Myron W. Curzon, Los Angeles, Cal., for appellee.
Before BARNES and JERTBERG, Circuit Judges, and*SMITH, District Judge.
BARNES, Circuit Judge:
Appellant Moffett was engaged in the business of manufacturing and selling insulation under the name of Insul Seal Products, Inc. until December of 1963. He then became employed as "National Franchise Director" of Richburger, Inc., which engages in the franchising and operation of restaurants. His function was that of a promoter, to find suitable locations and secure investors and operators for restaurants. His compensation was a commission based on the results achieved, approximately $500 per week. On occasion Richburger checks, which were signed with the amounts left blank, were delivered to appellant. At least two of these were filled out to cover gambling losses in Las Vegas. Appellant kept no books or records of his income or disbursements.
On March 8, 1965 appellant filed a petition in bankruptcy. He listed assets of $20,363 (all of which he claimed to be exempt) and liabilities of $3,217,065.55. On February 25, 1966 the referee denied him discharge because of his failure to keep records. 11 U.S.C. § 32(c) (2). The referee's determination was affirmed by the district court, and appellant has sought review here. 11 U.S.C. § 47(a).
Section 14(c) of the Bankruptcy Act (11 U.S.C. § 32(c)) provides:
"(c) The court shall grant the discharge unless satisfied that the bankrupt has * * * (2) destroyed, mutilated, falsified, concealed, or failed to keep or preserve books of account or records, from which his financial condition and business transactions might be ascertained, unless the court deems such acts or failure to have been justified under all the circumstances of the case; * * *."
The court below concluded that appellant's failure to keep records was not justified. The accuracy of that conclusion is the sole issue on appeal. We affirm.

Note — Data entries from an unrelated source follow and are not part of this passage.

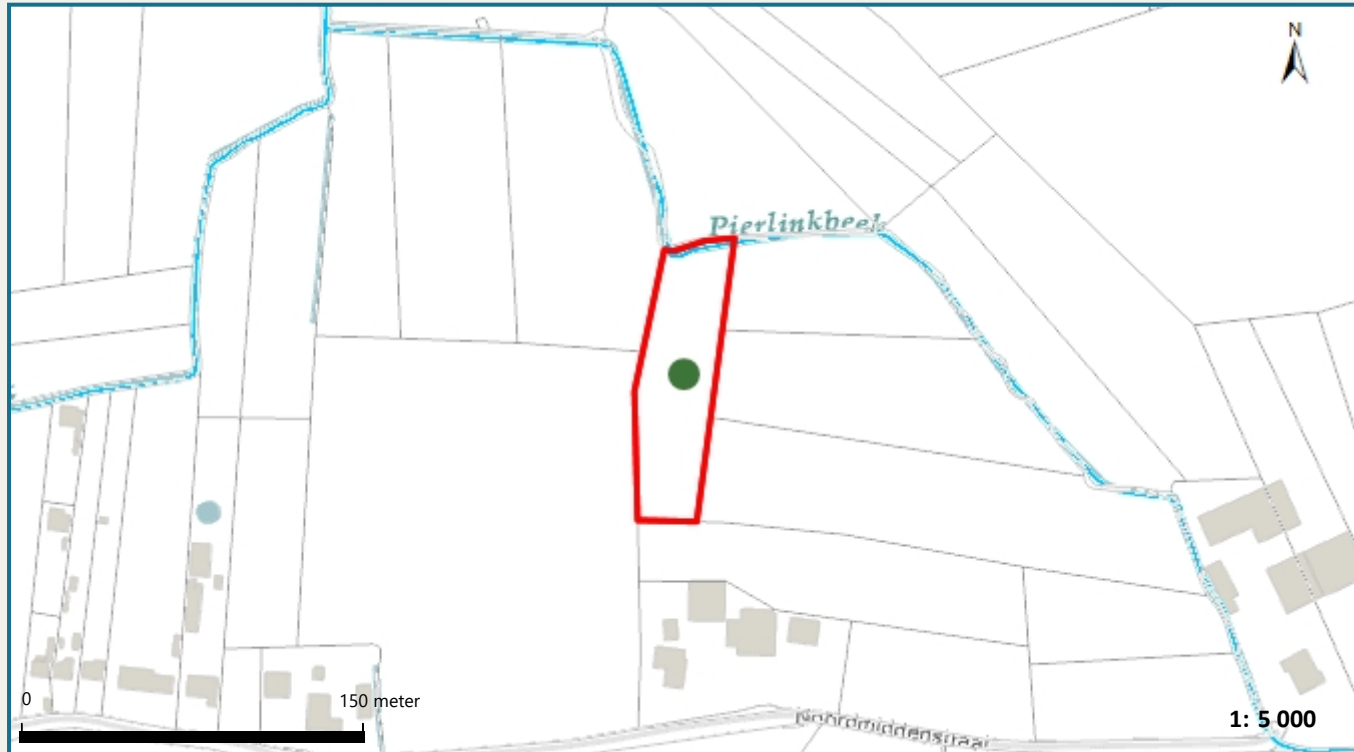

Vlaanderen
is milieu

Kaartafdruk Risicozones overstromingen m.b.t. de natuurrampenverzekering

Versie kaart: *januari 2018*

Het perceel te Ichtegem, afdeling 2, sectie A met perceelnummer 0582/00_000
bevindt zich niet in een risicozone voor overstromingen

Waterbeheerder: Provincie West-Vlaanderen

Datum kaartafdruk: 07/08/2023

Voor meer beleidsinformatie: www.integraalwaterbeleid.be

Voor meer kaartmateriaal: www.waterinfo.be/watertoets

Legende

- Kadastrale Percelen
- Aslijnen Waterlopen
- Bevaarbaar
- Onbevaarbaar cat. 1
- Onbevaarbaar cat. 2
- Onbevaarbaar cat. 3
- Niet Geklasseerd
- nieuwe risicozones
- bevestigde risicozone
- geen risico meer

Risicozones zoals afgebakend volgens Koninklijk besluit van 20 september 2017 tot wijziging van het koninklijk besluit van 28 februari 2007 tot afbakening van de risicozones met betrekking tot de verzekering tegen natuurrampen in uitvoering van de wet op de landverzekeringsovereenkomst
www.integraalwaterbeleid.be

Primarily the duty to keep records is measured by what is necessary to ascertain the bankrupt's financial status. See Burchett v. Myers, 202 F.2d 920, 926 (9th Cir. 1953), In re Gentile, 123 F. Supp. 723 (W.D.Ky.1954), In re La Belle, 112 F.Supp. 447, 450 (S.D.Calif.1953). The key factor to consider in regard to the duty to keep books is the complexity of the matters and transactions which would be recorded. See Baker v. Trachman, 244 F.2d 18 (2d Cir. 1957).
We note that appellant's earnings from his employer were measured by the results he achieved and therefore fluctuated. Such a circumstance, where the wages are not fixed in amount, together with other substantial activities (here gambling), militates in favor of the requirement of keeping records. See Karr v. Marshall, 262 F.2d 358 (2d Cir. 1959). The circumstances of this case are such that, absent records kept by the bankrupt, there would be no reliable way of ascertaining his financial condition. His earnings were erratic, including $3,417.00 in one eight day period. Indeed, the facts call into question the records of the employer since it was undenied that two checks issued to appellant were entered into the employer's books with erroneous figures.1
The burden was upon the objector to show that the records kept by the bankrupt were inadequate. This it did. The burden was then upon the bankrupt to show that the circumstances justified the failure to keep adequate records. Gunzburg v. Johannesen, 300 F. 2d 40 (5th Cir. 1962), Baker v. Trachman, supra. The bankrupt failed to carry this burden before the referee, and we cannot say that the referee's determination was clearly erroneous. Rule 52(a), Fed.R.Civ.P.